Following are some facts about the case.

* The federal government and all but one of the U.S. states with the death penalty use lethal injection for executions. The only exception is Nebraska, which uses the electric chair.

* Executions in the United States last year at 42 fell to the lowest level in 13 years, mainly as a result of the unofficial moratorium after the Supreme Court decided in late September to rule on the lethal injection case.

* Since 1976, when the Supreme Court reinstated the death penalty, there have been 929 executions by lethal injection, 154 by electrocution, 11 by the gas chamber, three by hanging and two by firing squad. according to the Death Penalty Information Center, which opposes capital punishment.

* Kentucky, the state involved in the case, adopted lethal injection as an execution method in 1998. It has used the method only once -- in 1999.

* The lethal three-chemical cocktail given to death row inmates consists of sodium thiopental, which causes unconsciousness, pancuronium bromide, which results in paralysis, and potassium chloride, which stops the heart.

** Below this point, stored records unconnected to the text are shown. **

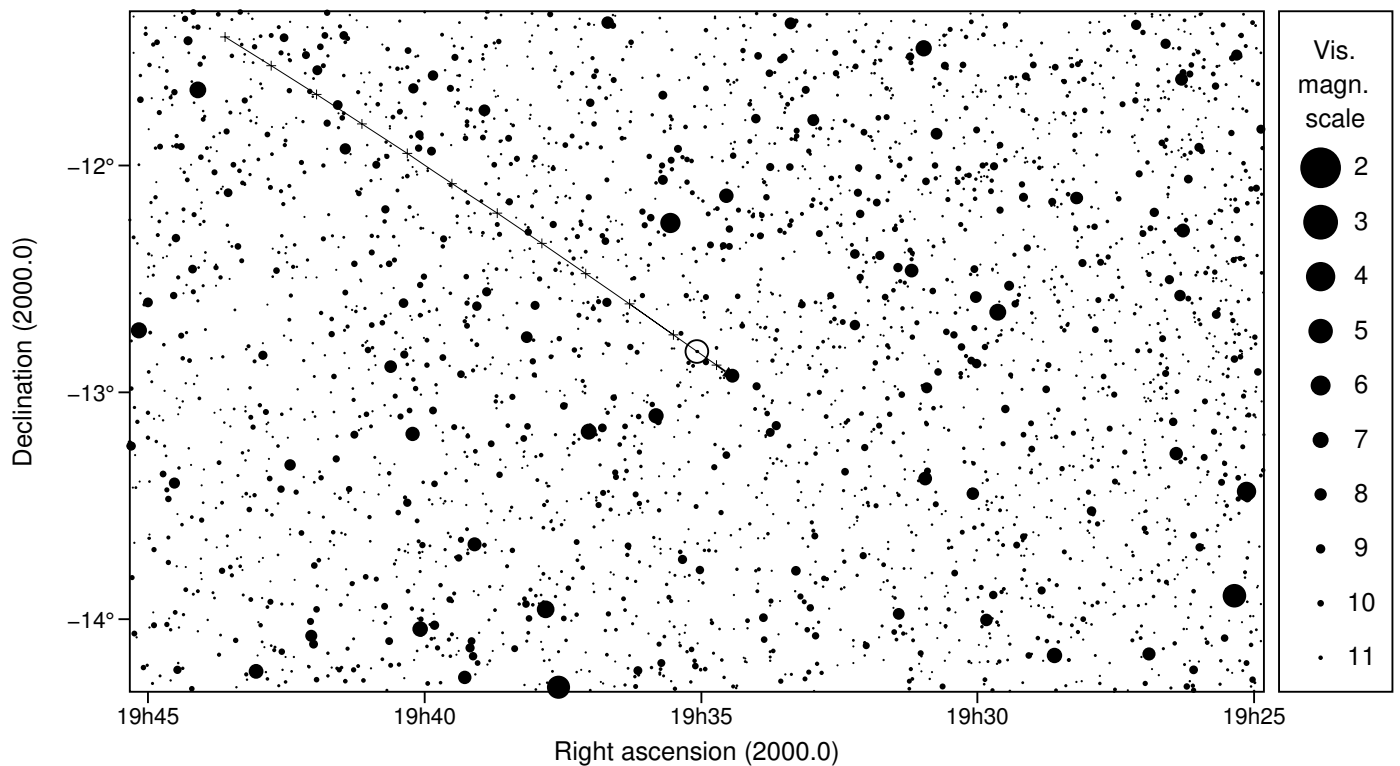

1191 Alfaterna & UCAC4 386-136938

2021 jul 27 13^h 7.0^m U.T.

Planet: $a = 2.89, e = 0.05$
 V. mag. = 14.76 Diam. = 45.6 km = 0.03"
 $\mu = 34.95''/h$ $\pi = 4.56''$ Ref. = EG2019
 $\Delta m = 3.1$ Max. dur. = 3.4s

Star: Source cat. GDR2a
 $\alpha = 19^h 35^m 04.538^s$ $\delta = -12^\circ 49' 16.01''$
 Vmag = 11.76 Bmag = 12.33
 Sun : 166° Moon : 57° , 86%

1191 Alfaterna & UCAC4 386-136938

2021 jul 27 13^h 7.0^m U.T.
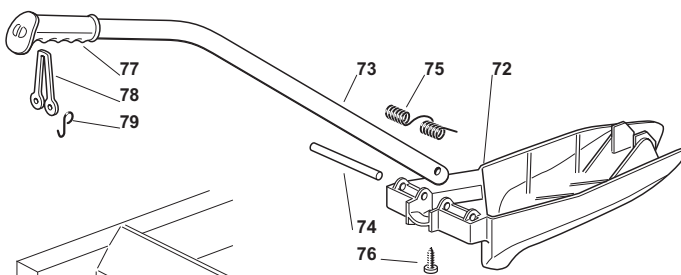

Optionals On Request							
POS	CODE	Q.TY	DESCRIZIONE	DESCRIPTION	DESCRIPTION	BESCHREIBUNG	NOTES
3	25510022/0	2	Perno	Pin	Pivot	Bolzen	
4	24487998/0	2	Coppiglia	Cotter Pin	Goupille	Splint	
5	82180062/0	1	Dotazione Viteria	Screws Outfit	Ensemble Des Vis	Schraubenausrüstung	
22	25519997/1	1	Peso	Weight	Poids	Gewicht	
23	12760520/0	3	Vite	Screw	Vis	Schraube	
24	12155000/0	3	Dado	Nut	Ecrou	Mutter	
42	25510021/1	1	Perno	Pin	Pivot	Bolzen	
43	24487999/0	1	Coppiglia	Cotter Pin	Goupille	Split	
51	182180090/0	1	Carica Batterie	Battery Charger	Chargeur De Batteries	Batterieladegerät	EU plug
51	182180091/0	1	Carica Batterie (U.K.)	Battery Charger (U.K.)	Chargeur De Batteries (U.K.)	Batterieladegerät (U.K.)	UK plug
72	25140093/0	1	Deflettore	Deflector	Deflecteur	Abweiser	
73	25394007/0	1	Manico	Handle	Guidon	Stiel	
74	25510077/0	1	Perno	Pin	Pivot	Bolzen	
75	25430245/0	1	Molla	Spring	Ressort	Feder	
76	12735410/0	1	Vite	Screw	Vis	Schraube	
77	25280000/1	1	Impugnatura	Handgrip	Branche	Griff	
78	25840011/1	1	Tirante In Gomma	Elastic Tie-Rod	Tirant Elastique	Elastische Zugstäbe	
79	25253004/0	2	Gancio	Hook	Crochet	Haken
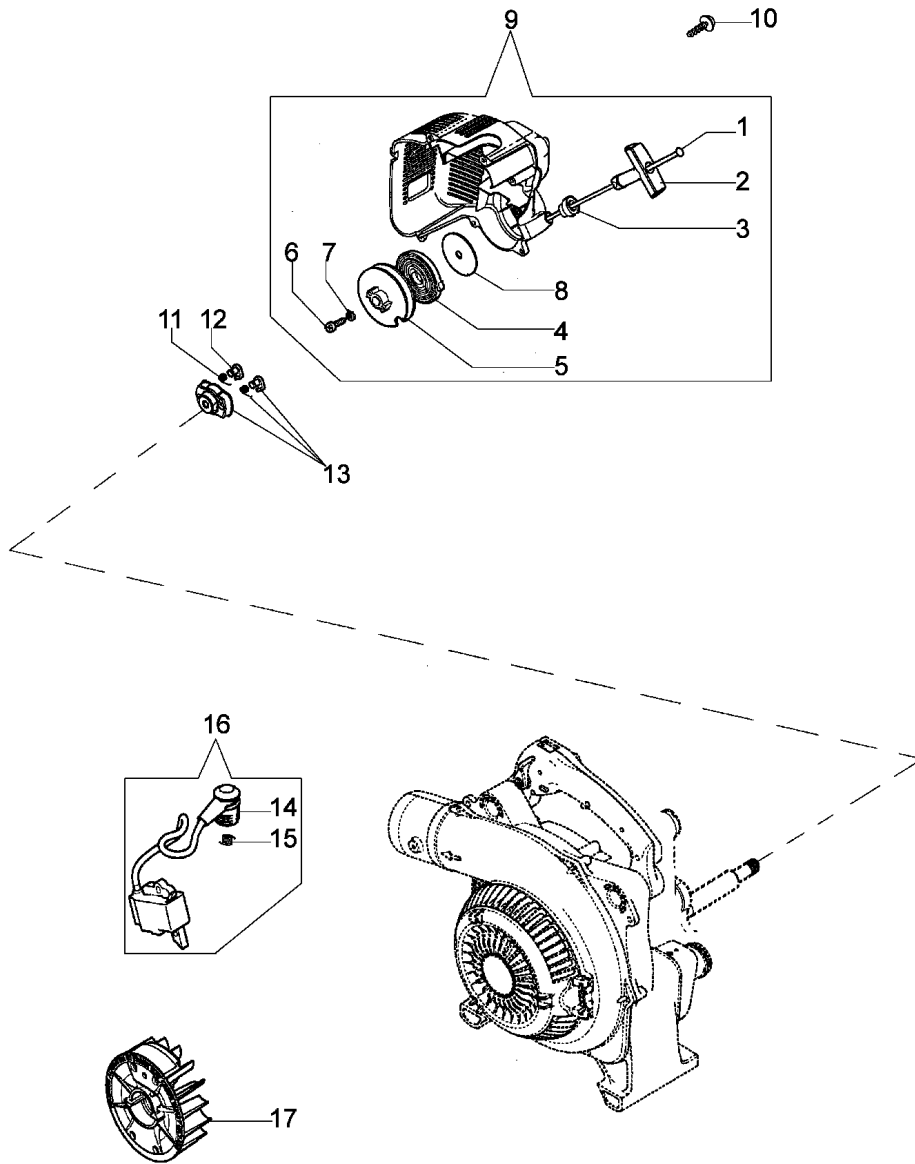

Illustration Motor

Illustration Motor

Bild Nr.	St.- Zahl	Teile Nr.	Beschreibung
1	1	56552011	Kolben komplet
2	2	3801068R	Schraube
3	1	56560020R	Schalldampfer
4	1	56550033R	Deflektor
5	1	3055101	Zündkerze
6	4	3801047	Schraube
7	2	3916004	Scheibe
8	4	61170014	Distanzstück
9	2	093000167	Ring
10	1	072700045R	Kolbenbolzen
11	1	093000091R	Kolbenring Ø36
12	2	56552012	Zylinder kpl
13	1	56550064R	Motorgehause
14	2	3050022R	Kobelnring
15	2	3035230	Lager
16	2	074000267A	Scheibe
17	1	072700046	Lager
18	1	56560001R	Kurbelwelle

Illustration Schneidwerkzeuge

3 **Optional**

Illustration Schneidwerkzeuge

Bild Nr.	St.- Zahl	Teile Nr.	Beschreibung
1	1	56550073R	Rohor
2	1	56550074R	Rohor
3	1	56562001	Einlass kpl
4	2	3960121R	Schraube
5	1	56562005	Etikettensatz
6	1	56552010R	Werkzeugsatz
7	1	56560029R	Rohor
8	1	56550078R	Sack
9	1	56560067R	Rohor
10	1	56550076R	Rohor

Illustration Starter

Illustration Starter

Bild Nr.	St.- Zahl	Teile Nr.	Beschreibung
1	1	61070019AR	Starterseil
2	1	61200015R	Starter griff
3	1	072700089	Buchse
4	1	61070036R	Feder
5	1	61172004R	Seilrolle
6	1	3960070	Schraube
7	1	094600054	Scheibe
8	1	61170173	Scheibe
9	1	56560018R	Starter komplet
10	3	3960091	Schraube
11	2	61070039	Feder
12	2	61070038	Klinke
13	1	56560034R	Mitnehmer
14	1	094600097A	Zundkerzenstecker
15	1	094600169	Zuendkerze
16	1	56550145R	Zuendspule
17	1	56550134R	Schwungradseite

mod. Walbro WT-936
 compl. p.n. 2318816R

■ 13—KIT RIPARAZIONE
 REPAIR KIT

● 14—KIT MEMBRANE & GUARNIZIONI
 DIAPHRAGM & GASKET SET

Illustration Vergaser WT-936

Bild Nr.	St.- Zahl	Teile Nr.	Beschreibung
1	1	003300197	Schraube
2	1	2318777	Deckel
3	1	094600148	Feder
4	1	074000240	Schraube
5	1	50010141	Schraube
6	1	375100078	Klappe
7	2	095000164	Ring
8	1	2318211	Stift
9	1	2318737	Welle
10	1	072700347	Feder
11	1	2318779	Schraube "L"
12	1	2318867	Kappe
13	1	094600209	Reparatur-satz
14	1	094600210	Vergaser satz
15	4	035000162	Schraube
16	1	2318778	Schraube "H"
17	1	003300201	Bissel
18	1	003300202	Schraube
19	1	2318191	Deckel

* The American Civil Liberties Union, Human Rights Watch and other opponents of capital punishment supported the challenge by two death row inmates to the lethal injection method while the Bush administration, a number of states and a group called the Criminal Justice Legal Foundation supported Kentucky.

* The case is the latest of a series dealing with capital punishment that the court has considered in recent years. In 2005, it abolished the death penalty for juveniles, and in 2002 it barred executions of mentally retarded criminals.